_Collected data_
[Start of Attachment]

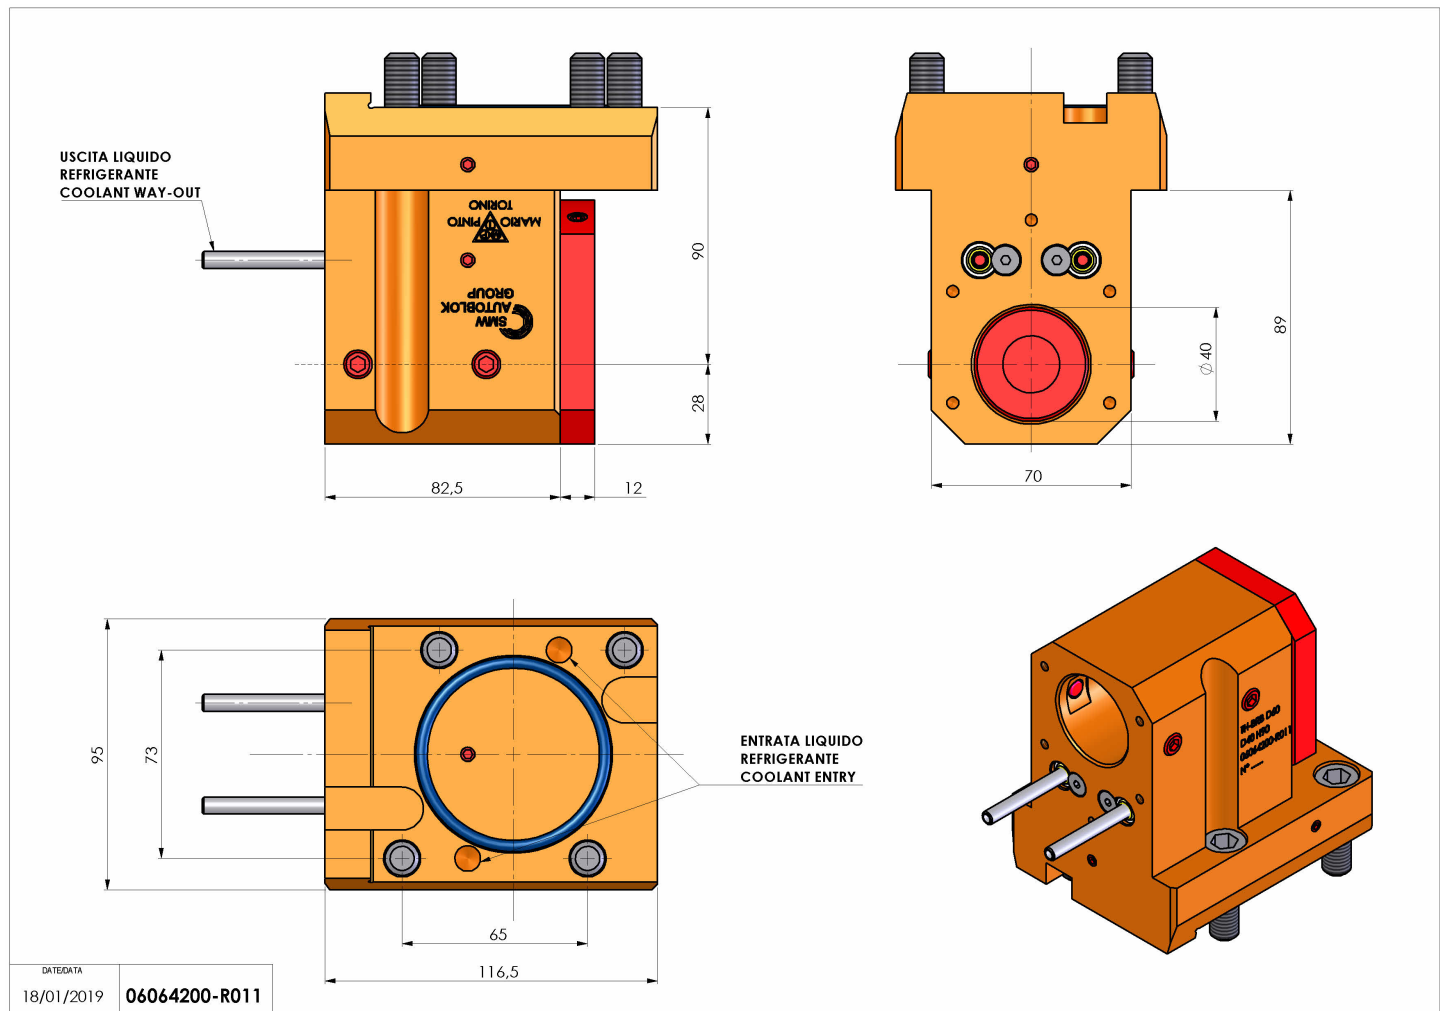

06064200 - TH-BRB D60 D40 H90

Tipo	TH-BRB Portautensili statico portabareno
Attacco	GAMBO CILINDRICO 60
Uscita utensile	TH porta bareno 40
Raffreddamento	Refrigerazione esterna / interna
H [mm]	90

Accessori	N.D.
Note	N.D.
Note per il montaggio	Può avere delle limitazioni per alcune installazioni

Verificare sempre gli ingombri del portautensile in torretta

Salvo modifiche tecniche

[End of Attachment]

_Work required_
The data above, line by line: transcribe it exactly and drop the pictures.

_Answer space_
06064200 - TH-BRB D60 D40 H90

Tipo	TH-BRB Portautensili statico portabareno
Attacco	GAMBO CILINDRICO 60
Uscita utensile	TH porta bareno 40
Raffreddamento	Refrigerazione esterna / interna
H [mm]	90

Accessori	N.D.
Note	N.D.
Note per il montaggio	Può avere delle limitazioni per alcune installazioni

Verificare sempre gli ingombri del portautensile in torretta

Salvo modifiche tecniche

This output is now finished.